Covid 19:le plastique n’est pas une solution

Retour à la cantine: la santé d’abord !

Certains enfants vont reprendre le chemin de l’école et de la cantine. Chaque situation familiale est particulière, chaque école s’applique à faire respecter au mieux le protocole sanitaire défini au niveau national. Aussi, la pause méridienne s’organise dans l’urgence et le repas froid conditionné sous plastique est trop souvent une des solutions proposées à nos enfants.

Nous comprenons bien qu’en ce moment l’usage du plastique est privilégié pour des raisons logistiques (conservation, transport, service individualisé…). Toutefois, nous souhaitons attirer votre attention sur l’instrumentalisation faite par les industriels du plastique et de la restauration collective présentant celui-ci comme LA solution barrière à la propagation du virus (voir l’article publié par Le Monde), alors que des études publiées dans les revues médicales scientifiques NEJM et The Lancet démontrent que le virus du Covid-19 résiste jusqu’à 7 jours sur le plastique (voir également les articles de Capital et Science&Vie).
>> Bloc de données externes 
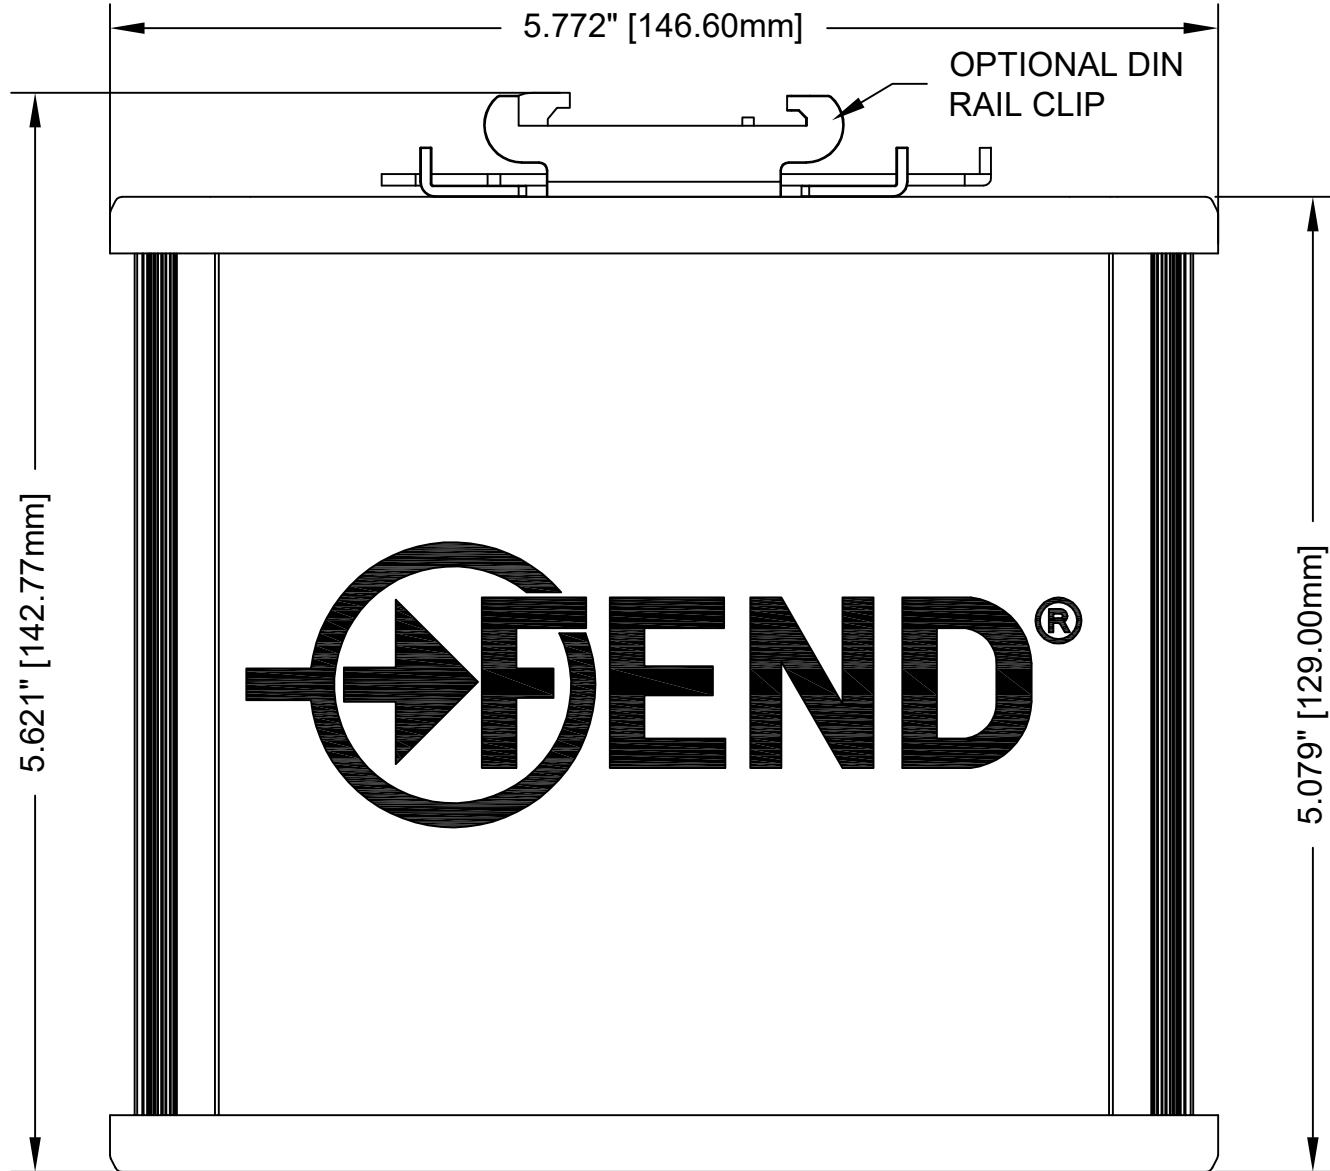

DIM: IN [mm]

DATE: Oct 18, 2022

RoHS COMPLIANT: Yes

DESCRIPTION:

Fend Incorporated
4600 Fairfax Drive
Suite 410
Arlington VA 22203

Fend 15 Series Data Diodes

PART NUMBER(S):

Fend Diodes XE15, CE15, SE15

<https://www.fend.tech> / info@fend.tech / 571-970-1382

XE15 VERSION
PART# FD-15M-SE1-XE2-B4-BLK
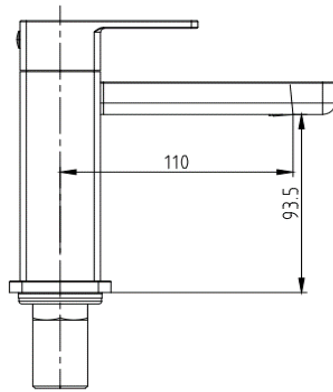

DATA SHEET

THE TUNBRIDGE WELLS
Brassware Co.

Broadwater Deck Mounted Bath Shower Mixer (Incl. Shower Kit)

- Product Code:** Chrome 167.BWADMBSM
Matt Black 167.BWADMBSMBL
- Construction:** Brass Body; zinc-alloy handles
- Plumbing Systems:** Suitable for all plumbing systems, hot and cold water pressure pref. balanced
Max. supply pressure differential requirement no greater than 5:1
- Water Pressure:** Min. 0.5 bar, Max. 6.0 bar
- Cartridge:** Ceramic disc valves
- Fitting:** G³/₄" BSP tails
- Packaging:** 35.5 x 26.5 x 42cm / carton (10 boxes)
Dimension: 25 x 22 x 18cm / box
Weight: 2.54Kg / box
- Guarantee:** **Chrome version:** 10 years against manufacturer's faults (Excluding serviceable parts)
Black version: 5 years against manufacturer's faults (Excluding serviceable parts)

Flow Rates (Litres per minute)

System Pressure	0.1 Bar	0.2 Bar	0.3 Bar	0.5 Bar	1.0 Bar	1.5 Bar	2.0 Bar	3.0 Bar	4.0 Bar	5.0 Bar
RZ04	-	7.4	-	14.5	21.9	24.0	26.0	27.0	-	-

All dimensions are in millimetres unless otherwise stated. The information contained on this page was correct at date of issue. Fitting dimensions are provided as a guide only. Some variation may occur due to manufacturing tolerances. We pursue a policy of continuing improvement in design and performance of our products and so reserve the right to change specifications without prior notice.

167.BWADMBSM**

THE TUNBRIDGE WELLS
Brassware Co.

No	Description	QTY
1	Indice Cap	2
2	Grab screw	2
3	Handle	2
4	Screw	2
5	Plastic Nut	2
6	3/4" 1/4 cartridge	1
7	3/4" 1/4 cartridge	1
8	Leg Body	2
9	Brass pipe	2
10	Base plate	2
11	Screw	4
12	Washer	4
13	Fixing nut	2
14	Grab screw	4
15	Connector	2
16	Washer	2
17	Diverter cover	1
18	Diverter cap	1
19	O-ring	1
20	Body	1
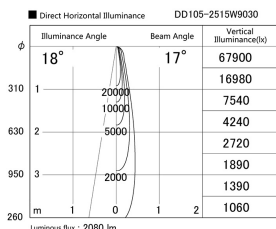

Item no. DD105-2515W9030

Series Name: Φ 100 Lens type Adjustable downlight

Installation	Recessed mount
Type	
Fixture wattage	24.3W
Beam angle	17 deg
Color Temp.	3000K
CRI	Ra>90
Luminous	2082 lm
Body	Die-cast aluminum alloy
Body finish	N/A
Trim finish	White
Reflector finish	N/A
IP Rate	IP20
Light source	COB module
Input Voltage	AC220~240V
Dimming Type	Non-Dimmable
Certificate	CE, CCC
Cut Hole	100mm

Height (Weight)	
31.8W	127 (0.9kg)
24.3W	127 (0.9kg)
21.0W	92 (0.8kg)
14.0W	92 (0.8kg)
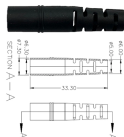

(1)Material of cable tray : Low carbon steel (steel Q235B) and stainless steel 304 and 316.
(2)Surface finish for cable basket tray : electro zinc plating for indoor usage; Power coating for indoor and ...
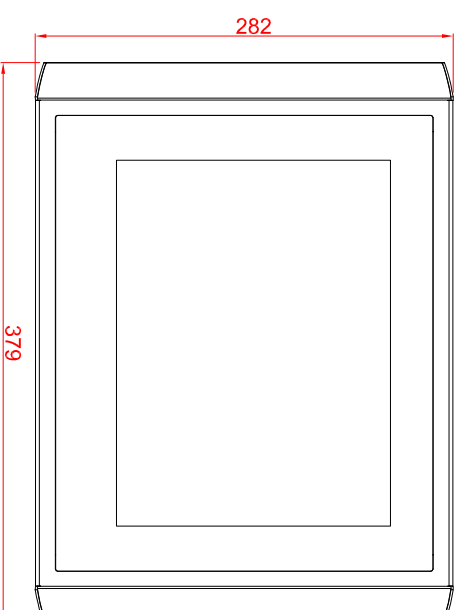

CP7701-1400

main dimensions and  
fixing points

dimensions in mm

rear view

right view

front view
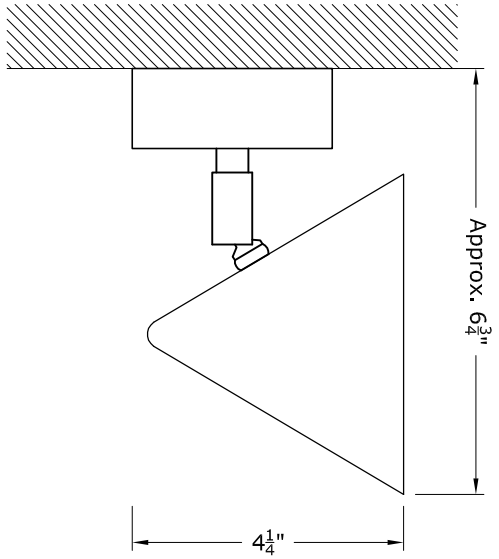

Note:
 MM06A & 06B Hybrid Mounting Method Depicted.
 See Mounting Methods For Other Options.

Side View

Isometric View

Front View

MODULIGHTOR

customized modern lighting
 246 East 58th Street
 New York, NY 10022
 T (212) 371 0336 | F (212) 371 0335
 modulightor.com

VL124
 Vanity Light - Wagram Luxline

SCALE: 4" = 1'-0" / 3" = 1'-0"
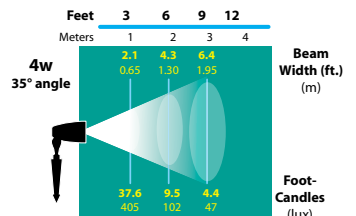

2x RXD-08-LED-BRS
with optional
FA-24-LG-CST-DH-BRS canopy

MOUNTING ACCESSORIES

LIGHT DISTRIBUTIONS AND PHOTOMETRICS

FL-13-BAB-FG

FL-13-ESX-FG

FL-13-WFG

FL-13-VWFL-FG

FL-LED-MR16-BAB
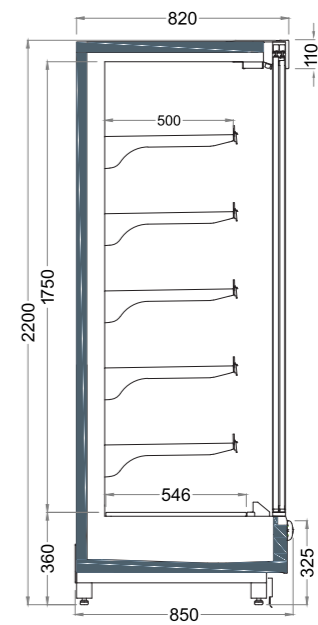

SINGLE GLASS DOORS

DOUBLE GLAZED HINGED DOORS

DOUBLE GLAZED SLIDING DOORS

Il est important de rappeler que l’utilisation du plastique dans la restauration scolaire entraîne la migration de perturbateurs endocriniens et autres substances indésirables dans l’alimentation, avec pour conséquence le risque de développer des pathologies telles que des cancers et des maladies chroniques (diabète, obésité, troubles respiratoires, …) qui sont des facteurs de risque aggravants du Covid-19. Deux scientifiques américains mettent en avant dans un article de la revue Environmental Health News le lien entre l’exposition aux perturbateurs endocriniens et les maladies aggravant la sensibilité au Covid-19, et préconisent d’agir « pour empêcher les produits chimiques de porter atteinte à notre santé, notre vitalité et notre résistance » (voir également les articles de WECF France et Futura Santé).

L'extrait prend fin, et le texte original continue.